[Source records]
- - -

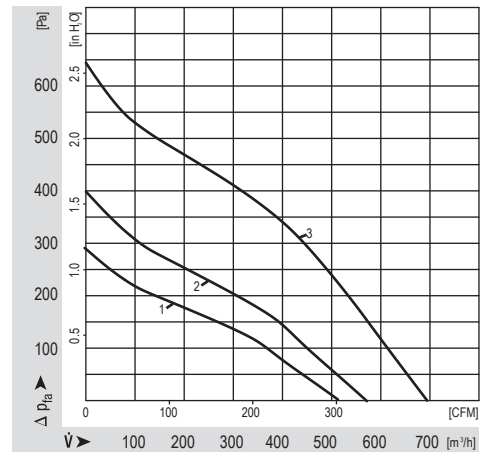

### Ø 175mm Backward Curved

- These centrifugal fans have backward curved blades offering an extremely good aerodynamic efficiency
- Impeller completely made of plastic PA 6.6, injection-molded round sheet-metal plate.
- Wiring connection:  
A. Red..., Blue..., White...  
B. Red..., Blue..., White..., Yellow...
- Integrated electronics with reverse polarity and locked-rotor protection. Rotation is CW. Tach Output. Cable exit: variable.
- UL, CSA, VDE approvals on most models, please contact application engineering.
- Recommended inlet ring: 09576-2-4013.

Part Number	Curve	CFM @ 0	VDC	Volt. Range	Power (W)	dBA	Max Amb. Temp C	Bearing Type	Impeller Material	Wiring	Wgt. (lbs)
R1G175-AB75-24	1	301	12	8 to 14	27	66	60	Ball	Plastic	A	1.54
R1G175-AB63-02	2	330	24	16 to 28	34	65	60	Ball	Plastic	B	1.63
R1G175-AB41-02	2	330	48	36 to 57	34	65	60	Ball	Plastic	B	1.75
R1G175-AF29-04	3	409	48	36 to 52	75	72	40	Ball	Plastic	B	2.20

- - -

## [Task description]
Within the data above, determine the number of lines that contain the word "White"; write only that number.

## [Task result]
2